# [How to complete this task]
From the data below, copy out every line in which the word "takrenne" occurs.
>>>
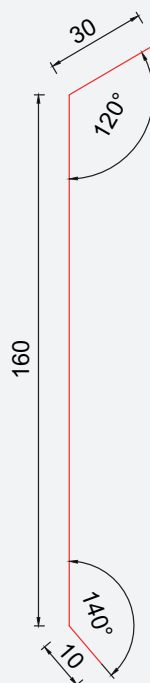

Isola

Takfot L-Tak St 170

For å beskytte takfot overgang takrenne.
Leder vann til takrenne. Benyttes til lektede
luftede takkonstruksjoner.

ISOLA TAKFOT L-TAK ST 170

Dim.:	Art nr.:	NOBB nr.:	Farge:
2,0 m	562732	11293131	Sort
2,0 m	562734	47462062	Hvit
2,0 m	562738	24176265	Silver
<<<
# [Output below]
For å beskytte takfot overgang takrenne.
Leder vann til takrenne. Benyttes til lektede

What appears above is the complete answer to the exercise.